KAPILA – A powerful brahmin, a philosopher, a magician

Kapila, the historical founder of the Samkhya school of philosophy (dars’ana), lived long enough before the Epics and Puranas only to have his name be coopted and given a set of myths. In the Puranas Kapila became a master yogi as well as a master magician. He was said to be a partial incarnation of Vishnu in one sec­tion of the Mahabharata and a worshipper of Siva in another.

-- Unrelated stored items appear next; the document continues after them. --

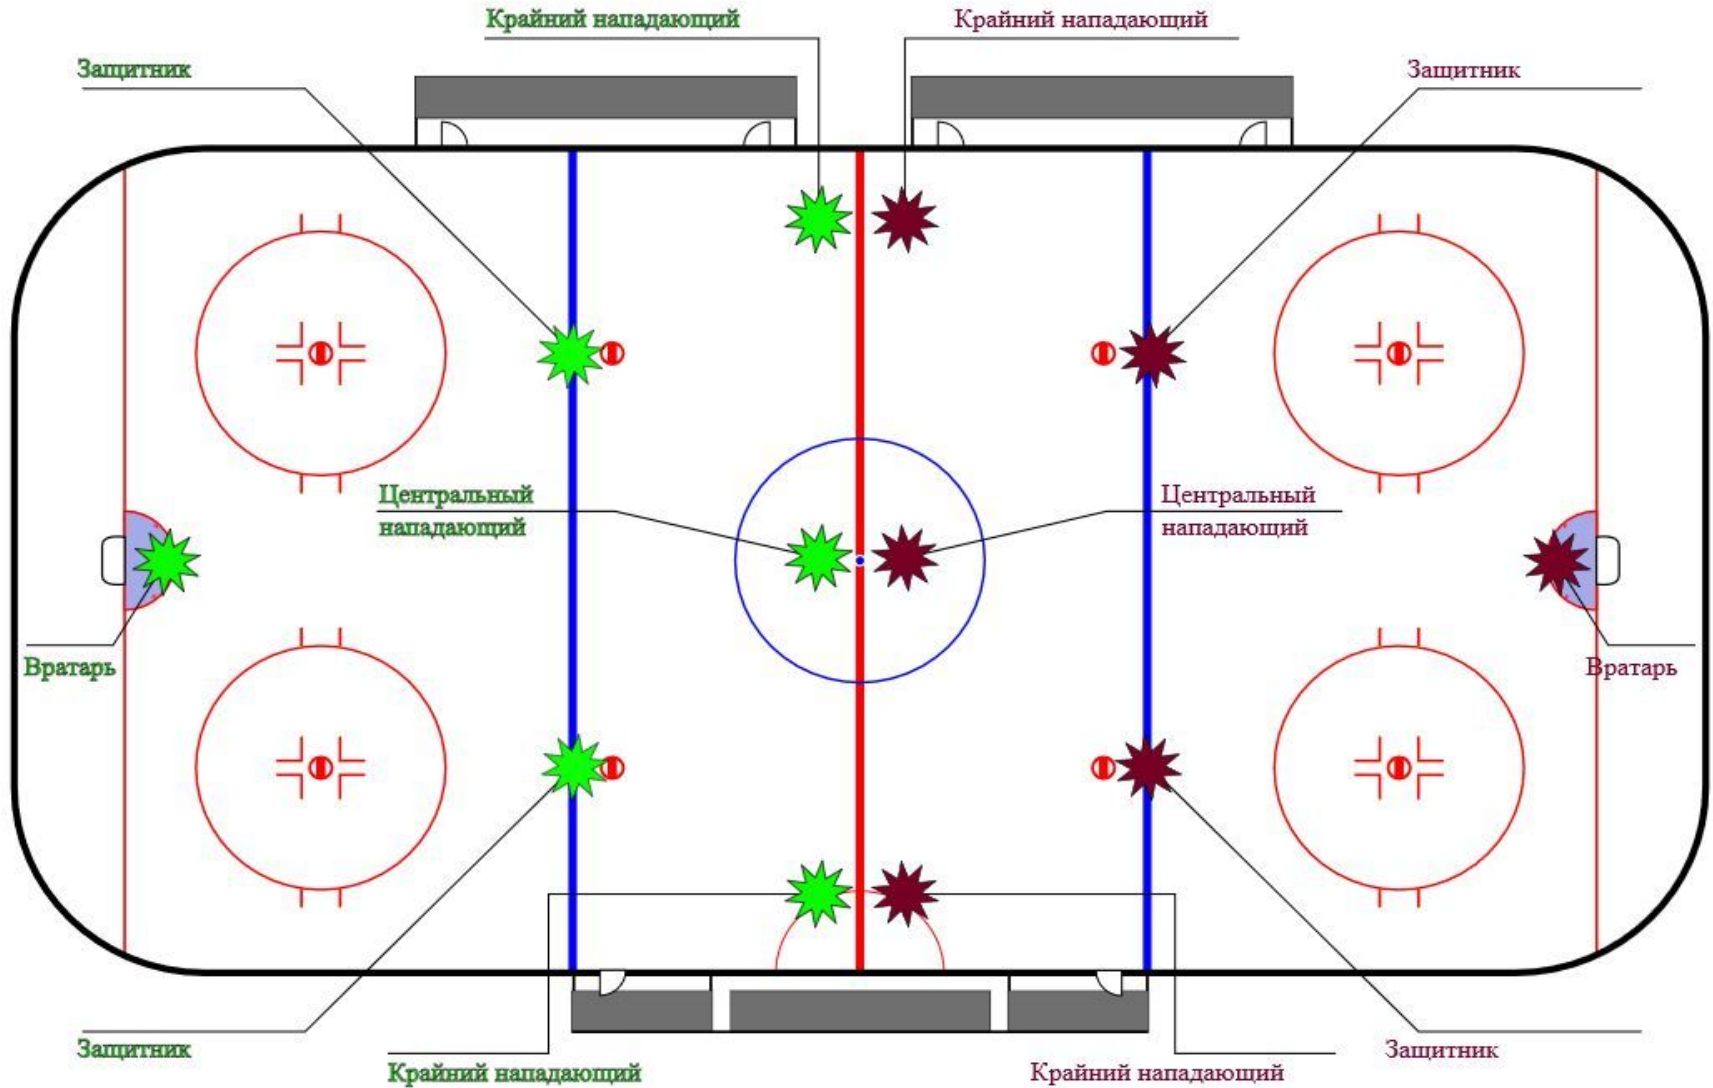

# Основные правила игры в ручной

Существуют следующие позиции (амплуа) игроков в гандболе.

1. Вратарь.

2. Угловые или крайние. (Играют на флангах, как правило это ловкие, техничные и быстрые игроки).

3. Центр или разыгрывающий. (Играет по центру поля, часто выполняет функции разыгрывающего игрока. Для чего важны умение отдавать передачи и видение поля).

4. Полусредние. (Играют между угловыми и центром. Как правило, это рослые игроки с сильным броском).

5. Линейный. (Играет на 6-ти метровой линии. Его задача — мешать обороне противника, бороться за отбитые вратарём противника мячи. Как правило линейный — крепкий и коренастый)

# Игровые амплуа в хоккее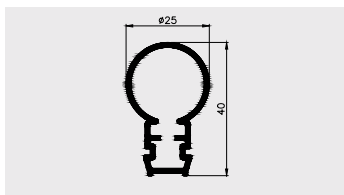

PROFILE OŚWIETLENIA LED

AP 486

Nazwa profilu:

**Profil osłony diody led
(komplet do AP 487)**

Materiał:

PMMA

Born very close to the beginning of this age, Kapila engaged in such severe austerities (tapas) that he developed the power to incinerate things with a glance. Some versions stated that Vishnu had incarnated to kill the sixty thou­sand sons of King Asamanjasa. Others make the sons’ own behavior in the pres­ence of a great sage the cause of their death. Kapila had chosen Patala (hell) to practice tapas. Meanwhile on earth, King Asamanjasa had lost his wild stallion in the middle of a horse sacrifice (asva-medha). Indra had stolen it and hid it beside Kapila. The king sent his sixty thousand sons throughout the world and then into the netherworlds to find his horse. They found it near Kapila and dis­turbed his austerities. That seemed enough reason to incinerate all of them. Their ashes lay in the underworld through four generations until King Bhagiratha did two one-thousand-year penances in order to win the boon of bringing the Ganga to earth (and to hell, according to this version) with suffi­cient water to complete the funeral rituals.